(Records excerpted from a collection)
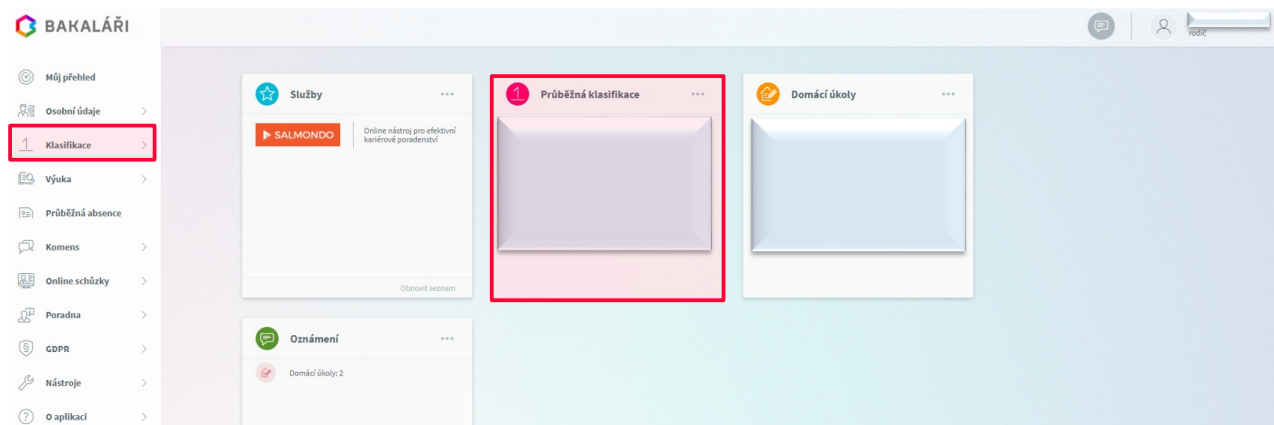

### Webová aplikace

Po přihlášení do webové aplikace na počítači kliknete na úvodní stránce žákovské knížky na kartu **Průběžná klasifikace**. Pokud se vám karta na úvodní stránce nezobrazuje, kliknete na odkaz **klasifikace** v levém menu. Zobrazí se průběžná klasifikace v aktuálním pololetí, kde první sloupec označuje klasifikaci za 1. čtvrtletí tohoto školního roku.
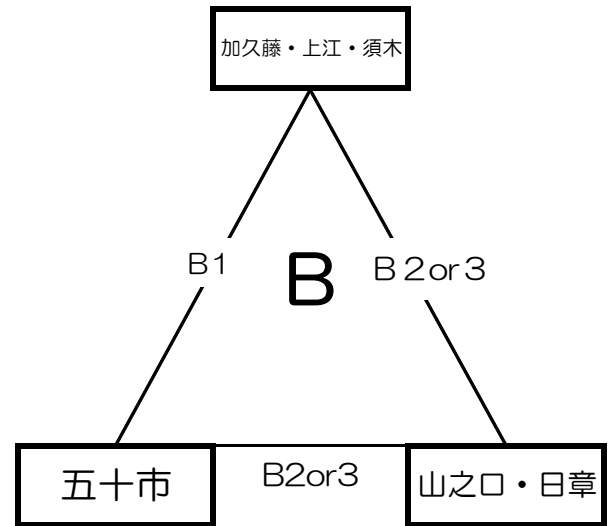

第69回霧島山麓大会 男子組合せ(予選リーグ)

【小林市民体育館】

第69回霧島山麓大会 女子組合せ(予選リーグ)

【A B 真方地区体育館】

【C D 小林中学校体育館】

第69回霧島山麓大会 男子組合せ（決勝リーグ）

【決勝トーナメント】

会場：小林市民体育館
Aコート：ステージ側
Bコート：中央コート
Cコート：中央公民館

第69回霧島山麓大会 女子組合せ（決勝リーグ）

会場：【真方地区体育館】
Aコート 手前 Bコート 奥

【1位パートトーナメント】

代表者による抽選で決定する

【2位パートトーナメント】

代表者による抽選で決定する
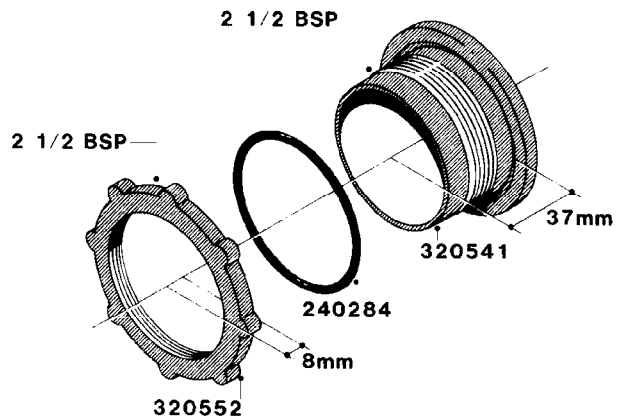

L0060

FITTINGS - BULKHEAD
L0060-HIN, 01:01:16

Page 1

Date 07.02.2020 10:09

parts-n°	order qty	description
141046	1	NUT 3/8" BSP
141341	1	NUT 1/4' BSP
240284	1	O-RING D82,5/75 X 3,5
320456	1	FITT.DK BULKHEAD 1"BSP DOUBLE
320467	1	FITT.DK BULKHEAD 1"BSP SINGLE
320471	1	FITT.DK NUT 1" BSP JAMB
320541	1	FITT.DK BULKHEAD 2-1/2'BSP SIN
320552	1	FITT.DK NUT 2-1/2' BSP JAMB
320644	1	FITT.DK ELB.3/4"HB X 1" BSP
320784	1	FITT.DK CAP 1-1/2" BSP
320795	1	FITT.DK NUT 1-1/2" BSP JAMB
320935	1	FITT.DK BULKHEAD 1/4' BSP SING
320946	1	FITT.DK BULKHEAD 3/8' BSP SING
321296	1	FITT.DK BULKHEAD 1/2" BSP SING
321307	1	FITT.DK NUT 1/2" BSP JAMB
321333	1	FITT.DK BULK 1-1/2" X 1"F BSP
330061	1	O-RING D16/D11X2,5
330072	1	O-RING D53.5/D45.5X4
330212	1	O-RING D19/D14X2.4 F.1/2"NUT
332577	1	O-RING D38/D30X4 F.1" PUR.
332592	1	O-RING D26/D20X3

### Problem
From the first line to the last, set down the records exactly, leaving out images.

### Task result
### Webová aplikace

Po přihlášení do webové aplikace na počítači kliknete na úvodní stránce žákovské knížky na kartu **Průběžná klasifikace**. Pokud se vám karta na úvodní stránce nezobrazuje, kliknete na odkaz **klasifikace** v levém menu. Zobrazí se průběžná klasifikace v aktuálním pololetí, kde první sloupec označuje klasifikaci za 1. čtvrtletí tohoto školního roku.

第69回霧島山麓大会 男子組合せ(予選リーグ)

【小林市民体育館】

第69回霧島山麓大会 女子組合せ(予選リーグ)

【A B 真方地区体育館】

【C D 小林中学校体育館】

第69回霧島山麓大会 男子組合せ（決勝リーグ）

【決勝トーナメント】

会場：小林市民体育館
Aコート：ステージ側
Bコート：中央コート
Cコート：中央公民館

第69回霧島山麓大会 女子組合せ（決勝リーグ）

会場：【真方地区体育館】
Aコート 手前 Bコート 奥

【1位パートトーナメント】

代表者による抽選で決定する

【2位パートトーナメント】

代表者による抽選で決定する

L0060

FITTINGS - BULKHEAD
L0060-HIN, 01:01:16

Page 1

Date 07.02.2020 10:09

parts-n°	order qty	description
141046	1	NUT 3/8" BSP
141341	1	NUT 1/4' BSP
240284	1	O-RING D82,5/75 X 3,5
320456	1	FITT.DK BULKHEAD 1"BSP DOUBLE
320467	1	FITT.DK BULKHEAD 1"BSP SINGLE
320471	1	FITT.DK NUT 1" BSP JAMB
320541	1	FITT.DK BULKHEAD 2-1/2'BSP SIN
320552	1	FITT.DK NUT 2-1/2' BSP JAMB
320644	1	FITT.DK ELB.3/4"HB X 1" BSP
320784	1	FITT.DK CAP 1-1/2" BSP
320795	1	FITT.DK NUT 1-1/2" BSP JAMB
320935	1	FITT.DK BULKHEAD 1/4' BSP SING
320946	1	FITT.DK BULKHEAD 3/8' BSP SING
321296	1	FITT.DK BULKHEAD 1/2" BSP SING
321307	1	FITT.DK NUT 1/2" BSP JAMB
321333	1	FITT.DK BULK 1-1/2" X 1"F BSP
330061	1	O-RING D16/D11X2,5
330072	1	O-RING D53.5/D45.5X4
330212	1	O-RING D19/D14X2.4 F.1/2"NUT
332577	1	O-RING D38/D30X4 F.1" PUR.
332592	1	O-RING D26/D20X3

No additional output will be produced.